• **Work item**:
Transcribe each line of the records below exactly, excluding any embedded images.

---- Records provided

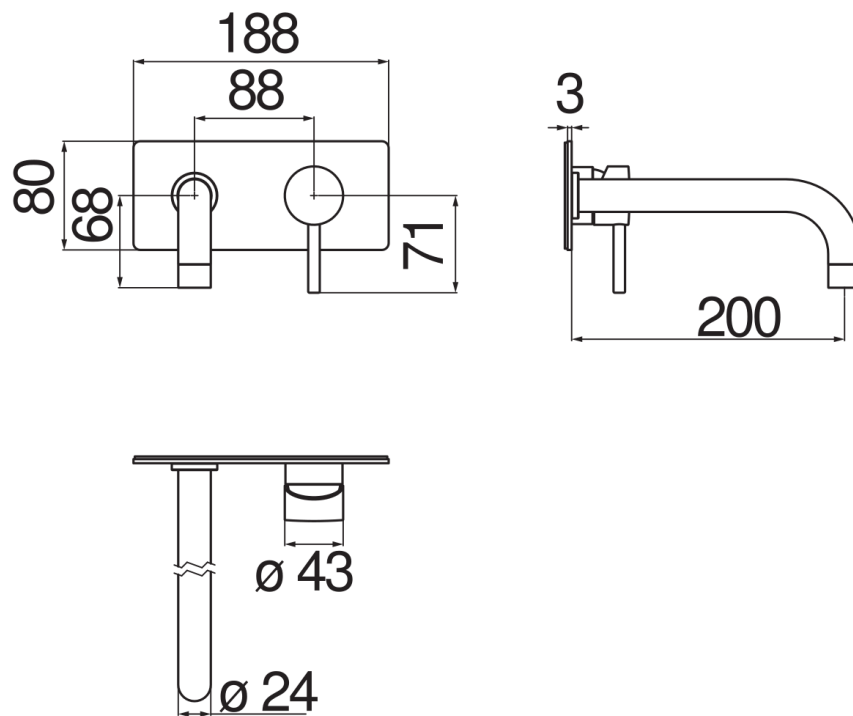

SPECIFICHE

Parte esterna monocomando a parete bocca lunga

Polar white

Aeratore anticalcare M 22 x 1

Lunghezza bocca 200 mm

Senza scarico

Limitatore di portata con freno al 50%

Imballo: 41 x 21 x 7 cm / 0,00603 m³ / 2,02 kg

CERTIFICAZIONI

DIAGRAMMA DI PORTATA: ACQUA CALDA/FREDDA

— Aeratore

DIAGRAMMA DI PORTATA: ACQUA MISCELATA

— Aeratore

--------

• **Response to the exercise**:
SPECIFICHE

Parte esterna monocomando a parete bocca lunga

Polar white

Aeratore anticalcare M 22 x 1

Lunghezza bocca 200 mm

Senza scarico

Limitatore di portata con freno al 50%

Imballo: 41 x 21 x 7 cm / 0,00603 m³ / 2,02 kg

CERTIFICAZIONI

DIAGRAMMA DI PORTATA: ACQUA CALDA/FREDDA

— Aeratore

DIAGRAMMA DI PORTATA: ACQUA MISCELATA

— Aeratore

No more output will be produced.